А почему не перенимали опыт?

Это дорогая система государственного планирования. Для Америки, например, в то время такое было невозможно. Страховая медицина там появляется только в конце 1960-х годов. А до этого всех лечили частные врачи. В Англии только-только начинала строиться национальная система здравоохранения, которая, кстати, была во многом скопирована британскими социалистами с семашковской модели.
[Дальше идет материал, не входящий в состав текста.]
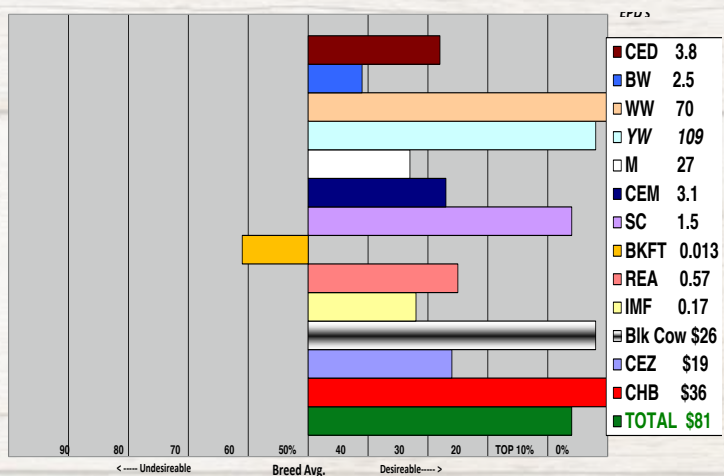

YEARLING BULLS

BW, CE, WW, YW, SC, Ultrasound and DNA are used in creating EPDs

EPDs are weighted Economically to create Dollar Indexes

Dollar Indexes Pay for the Ranch

Breed Avg   **Black Cow**   **CEZ**   **CHB** = **Total $$**

$18   **+**   **$15**   **+**   **$24**   **=**   **$57**   **Breed Avg**

Best use on Black Cows   **Calving Ease**   **Growth = Total $$ plus Carcass**

TOTAL $$ - a helpful tool when doing a quick sort on a pen of Animals

A sortable spread sheet is available on our web site

Average Performance of 50 Yearling Sale Bulls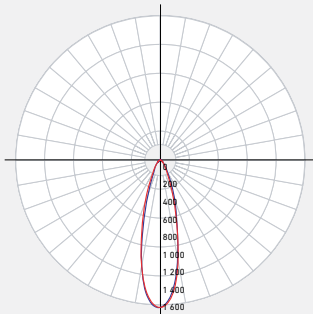

PROJECT: _____ **TYPE:** _____

DATE: _____ **QTY:** _____

NOTES:

QUICK SPECS

SIZE	WATTS	DELIVERED LUMENS*	COLOR °T 5CCT	CRI	VOLTAGE	BEAM ANGLE	FINISH
4"	8W	680lm	2700K 3000K 3500K 4000K 5000K	90	120V	40°	<input type="radio"/> White <input type="radio"/> Satin Nickel <input type="radio"/> Black

*Lumen output measured at 3000K

LIGHT DISTRIBUTION

CONSTRUCTION

Lens Clear	Type of optics Optical lens	Type of LED COB
Lens material Acrylic	Housing material Cast aluminum	Cut hole size 2-3/4"

RATINGS

Placement Indoor/Outdoor	Lifespan 50,000 hrs.	FT rating FT6
Location Wet	Certifications ETL, FCC, ICES, ES IC, ASTM E283-04, T24	Operating temperature -20° to 40° C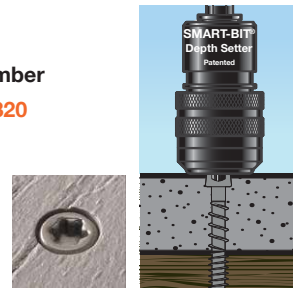

2022 ONLINE ORDER PROGRAM  
Home Depot Canada

Vendor #:  
70001035

**Smart-Bit® Deck Screw Depth Setter and  
CAP-TOR® Stainless Composite Decking Screws**

Effective  
March 2022

**For Product Installation Always Use a Standard Drill and Not an Impact Drill**

**Smart-Bit® Deck Screw Depth Setter**

Contains: 1 Smart-Bit® Depth Setter Tool,  
3 T-20 bits, 1 T-25 bit, and 1 #2 PH bit.

For use with Torx® and Phillips® bits

Adjustable depth for a wide range of applications

No Cam-out Auto-Stop™  
No stripping screw recesses

Free spinning stop collar, no surface damage

Article Number

1001342320

**CAP-TOR® xd Headcote® Grade 305 Stainless Screws**

CAP-TOR® xd screws are specifically designed to fasten composite and PVC decking.  
Available in a variety of colours to match Trex® deck boards.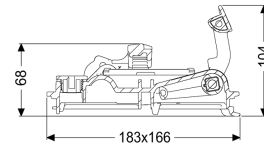

StaufixContr. lockable cover DN 90-100

Article information

Item no.: 72224
GTIN: 4026092076941
Price group: 90

Description

General characteristics

Colour: black
Material: Polymer

Dimensions

Net weight: 0,73 kg
Gross weight: 0,9 kg
Packaging dimension: length
Packaging dimension: width
Packaging dimension: height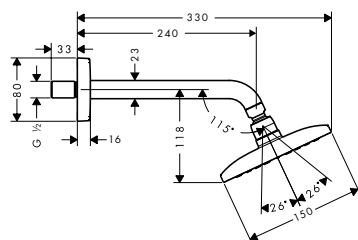

Water saving EcoSmart version:

Raindance E Overhead shower 240 1jet
EcoSmart 9 l/min with ceiling connector

Chrome

27383000

Raindance E Overhead shower
240 1jet with shower arm

Chrome

27370000

- consists of: overhead shower, shower arm
- spray type: RainAir
- shower head size: 250 x 150 mm
- shower arm length: 240 mm
- ball-joint: overhead shower angle adjustable
- flow rate RainAir spray (at 3 bar): 18 l/min
- material spray disc: metal
- spray disc removable for cleaning
- installation: wall
- connection thread G 1/2
- connection dimension: DN15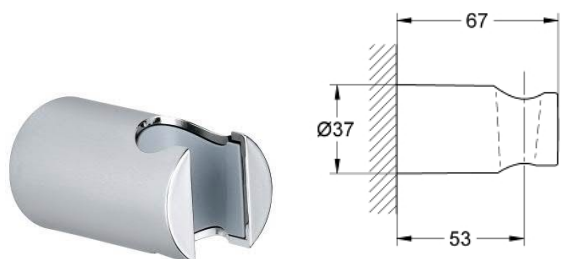

27 056 000
Rainshower Wall hand Shower holder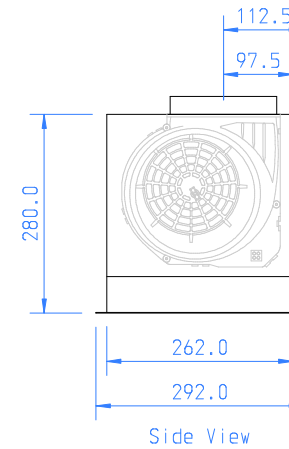

Motor: 1 x Internal Motor

Lighting: Tunable White LED

Motor & Light Controls: Tactile Pushbutton (Remote Control Compatible)

Duct: 1 x 150mm $\varnothing$ Top Outlet

Soffit Opening - 680mm x 266mm

Soffit Thickness - 15mm Minimum upto 22mm Maximum

The extractor is fixed in place by 4 adjustable spring toggles.

Supplementary support of the unit is provided by 2 x sprung safety clips at opposite corners of the unit.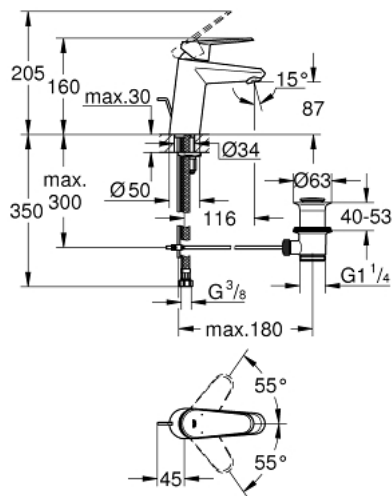

33 190 21D EURODISC COSMOPOLITAN SINGLE-LEVER BASIN MIXER S-SIZE

PRODUCT DESCRIPTION

- Colour: chrome
- single hole installation
- metal lever
- GROHE SilkMove 35 mm ceramic cartridge
- adjustable flow rate limiter
- adjustable minimum flow rate approx. 2.5 l/min
- temperature limiter
- GROHE LongLife finish
- GROHE EcoJoy - less water, perfect flow
- maximum flow rate (at 3 bar): 5 l/min
- SpeedClean mousseur
- GROHE FastFixation installation system with centering support
- pop-up waste set 1 1/4"
- flexible connection hoses
- min. recommended pressure 1.0 bar
- acoustic group I in accordance with DIN 4109

То есть советская медицина в 1940-1950-е годы — совершенно фантастическая система, на тот момент она была способна произвести впечатление на любого.

Еще раз повторю, что ее основа — диагностика и просвещение. Ничего другого в мире тогда не предлагали, поэтому она казалась вполне логичной. Однако в долгосрочной перспективе это создало ловушку инфраструктуры. Когда в 1970-х годах под воздействием появления новых методов диагностики — генетических тестов, томографов, развития медицинских технологий — мировая онкология начала резко меняться, советская перестроиться уже не смогла. Потому что массовая народная профилактическая система не в состоянии превратиться в высокотехнологичную, заточенную под персональные нужды каждого пациента. Поэтому в 1980-е годы советская онкологическая служба выглядит уже абсолютной архаикой, и в мире к ней меняется отношение.

Советские врачи понимали, что происходит с медициной в мире, или все жили как в бункере?

Понимание, конечно, было. Звезды советской медицины посещали международные конференции. Когда появилась молекулярная парадигма рака, в практику начали входить генетические исследования, то все это проникало и в СССР; у советской онкологии имелись прекрасные международные связи, и авторитет на тот момент разрушен не был, то есть советских врачей в мире принимали с радостью. Но адаптировать новые знания, которые к нам шли, не представлялось возможным.

Ну и если говорить про 1980-е годы, на это просто не было уже денег.

Кто-то просчитывал, была ли эта система профилактики экономически эффективной?

Честно говоря, с данными по экономическим аспектам я никогда не сталкивался. Даже не уверен, что на этом заостряли внимание. Скорее всего, смотрели по каким-то общим критериям. Все понимали, что главная задача советской медицины — возвращение гражданина к труду.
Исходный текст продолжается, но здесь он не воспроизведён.